Frizon et al. [21] defined favorable outcome as clinically relevant QoL improvement, and their model considered 3 preoperative variables which were most associated with favorable outcome. A logistic regression model was applied and validated using bootstrap sampling. The model applied in this study, DBS-PREDICT, defined unfavorable outcome as no clinically relevant improvement on the Unified Parkinson’s Disease Rating Scale (UPDRS) II, III, and IV 1 year after DBS implantation (Fig. 2). This outcome classification is strict as it only requires improvement on one of the 3 variables to claim favorable outcome. DBS-PREDICT also utilized a logistic regression model which considered all 15 available preoperative variables and was validated via a 10-fold cross-validation [22]. To enable model generalizability and statistical transparency, DBS-PREDICT was retrained without preoperative neuropsychological and UPDRS I scores and preregistered before data collection completion (ClinicalTrials.gov, NCT04093908) [23]. Performance and predicting variable importance did not change relevantly after retraining (Fig. 3; online suppl. material; for all online suppl. material, see www.karger.com/doi/10.1159/000519960).

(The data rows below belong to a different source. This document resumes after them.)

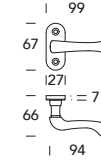

Tuscania T36

Design **Reguitti Lab**

OTTONE
BRASS

Scheda tecnica
Datasheet

COLLEZIONE - COLLECTION

T36MRT36

T36MR007

T36MP040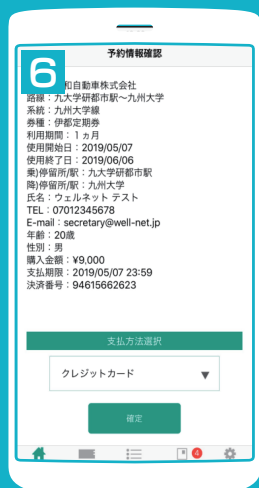

開始日と利用者
情報を入力

「証明書アップロードが
必要です」と表示

本人確認のための学生証
をカメラで撮影

(※注意)本人以外の学生証、学生証以外の画像使用の場合は、使用を停止する場合がございます。その際は返金致しませんのでご了承ください。

基本情報をすべて
入力したら
支払い方法を選択

(クレジット・コンビニ・銀行ATM・ネットバンキング)

九大線

九大線
(糸島)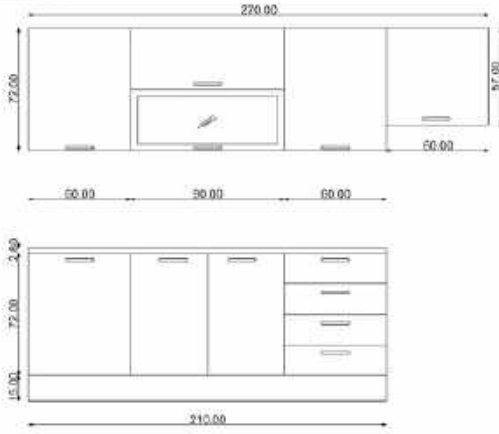

ENDÜLÜS 270 CM

FLY180379

MUTFAK | KITCHEN
DOLABI | CABINET

GÖVDE: BEYAZ MELAMİN KAPLI YONGA LEVHA
LEVHA

KAPAK: BEYAZ + ENDÜLÜS MEŞE
MELAMİN KAPLI YONGA LEVHA

BODY: WHITE MELAMINE FACED
CHIPBOARD

DOOR: WHITE + ANDALUSIAN OAK
MELAMINE FACED CHIPBOARD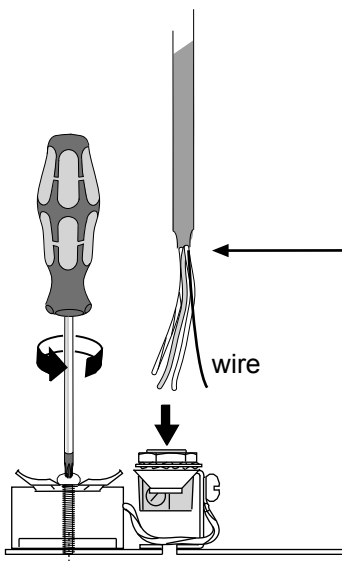

## GLOBIA

Ø 250-400

Observera gällande hanteringsföreskrifter mot elektrostatisk urladdning.

Notice management regulations against electrostatic discharge.

STANDARD	DIGITAL DIM	SWITCH DIM
	→ DALI	
	→ DALI	
	→ N	
	→ L	

Ø 450

To develop valid and generalizable clinical prediction models with an impactful clinical utilization, external validation is needed after model development and proof of concept [24, 25]. Here, we present an external multicenter validation of the preregistered prediction model DBS-PREDICT. Additionally, remaining challenges for impactful DBS outcome prediction tools are discussed, such as the design of follow-up validation studies, the requirements and limitations of outcome definition, and the intended clinician-prediction tool interaction.
Methods
DBS-PREDICT Development
Development details of the model are described previously [22] and will be briefly summarized here. In the development study, all available preoperative predictors were included without preselecting predictors based on a sensitivity analysis. The preoperative variables included are gender, age at PD onset, PD duration, age at DBS, levodopa equivalent daily dosage (LEDD), UPDRS I, II, III, and IV, Hoehn and Yahr scales, and relevant neuropsychological assessments (Stroop test interference and verbal fluency categorical and letter tests). All preoperative tests were reported in on-medication condition; only UPDRS III and Hoehn and Yahr scale were reported both in on- and off-medication condition.

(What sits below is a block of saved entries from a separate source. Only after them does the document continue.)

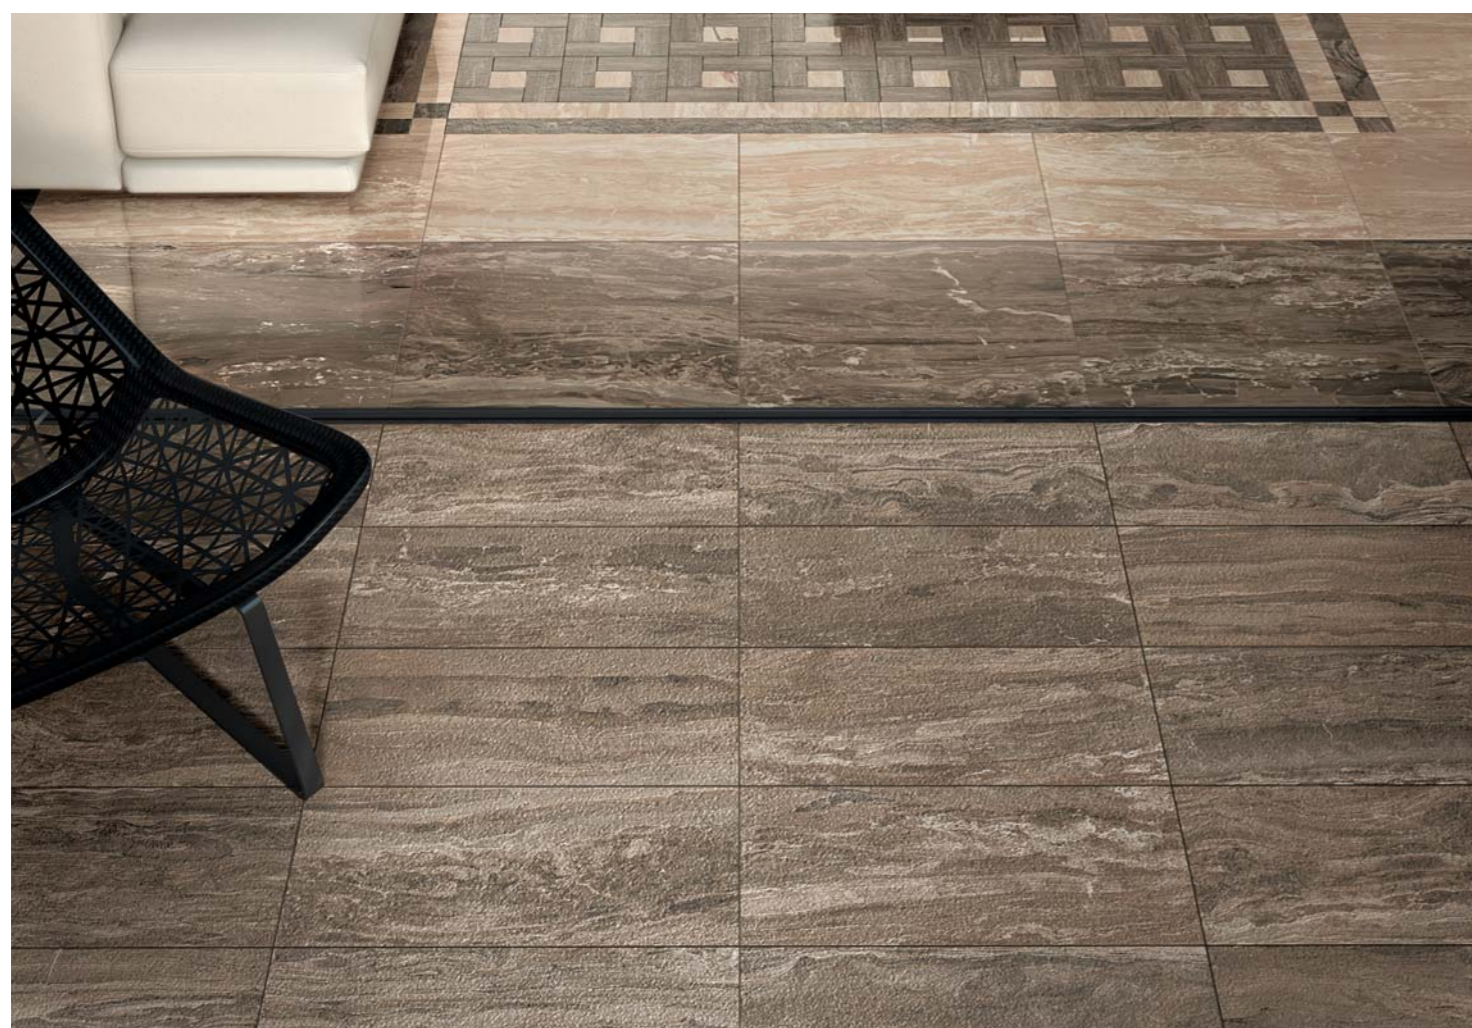

Supernova marble

Супернова Марбл

- S.M. Woodstone Champagne 59 Lap / С.М. Вудстоун Шампань 59 Лаппато Рет. 59x59
- S.M. Woodstone Taupe 59 Lap / С.М. Вудстоун Таупе 59 Лаппато Рет. 59x59
- S.M. Woodstone Taupe Mosaic Lap / С.М. Вудстоун Таупе Мозаика Лаппато. 45x45
- S.M. Woodstone Taupe Listello Lap / С.М. Вудстоун Таупе Бордюк Лаппато. 7,3x59
- S.M. Woodstone Champagne Listello Lap / С.М. Вудстоун Шампань Бордюк Лаппато. 7,3x59
- S.M. Woodstone Taupe Bottone Lap / С.М. Вудстоун Таупе Вставка Лаппато. 7,3x7,3
- S.M. Woodstone Champagne Bottone Lap / С.М. Вудстоун Шампань Вставка Лаппато. 7,3x7,3
- S.M. Woodstone Taupe Str Ret / С.М. Вудстоун Таупе Структ. Рет. 30x60

Strong motor response was defined as a minimal clinical important difference (MCID) on UPDRS II, or III, or IV 1 year after STN DBS implementation (Fig. 2). Based on literature, MCIDs were set as, respectively, 3, 5, and 3 points [26-30]. We chose to consider only UPDRS III change in on-stimulation and on-medication condition, compared to preoperative on-medication because the daily life reflection of the fully dopamine-deprived off-medication condition can be disputed. Due to the daily life influence of off-medication moments, we aim to capture via the narrative items regarding motor aspects of experiences of daily living in UPDRS II and regarding off-fluctuations in UPDRS IV. This definition results in weak responders who do not show an MCID in activities of daily life (UPDRS II), nor in motor symptoms in optimal therapy condition (UPDRS III), and nor in the burden or duration of adverse effects and off-periods (UPDRS IV).
DBS-PREDICT generates for every individual a weak responder probability, which is translated into the binary outcome based on a threshold of probability acceptance (Fig. 1). The proof-of-concept analysis demonstrated an area under the curve (AUC) of the receiver operator curve of 0.88 (±0.14) and a classification accuracy of 78% [22]. During the initial model development, which was used for preregistration, optimal predictive performance was achieved by accepting a threshold above 0.24 for weak responders [23, 31].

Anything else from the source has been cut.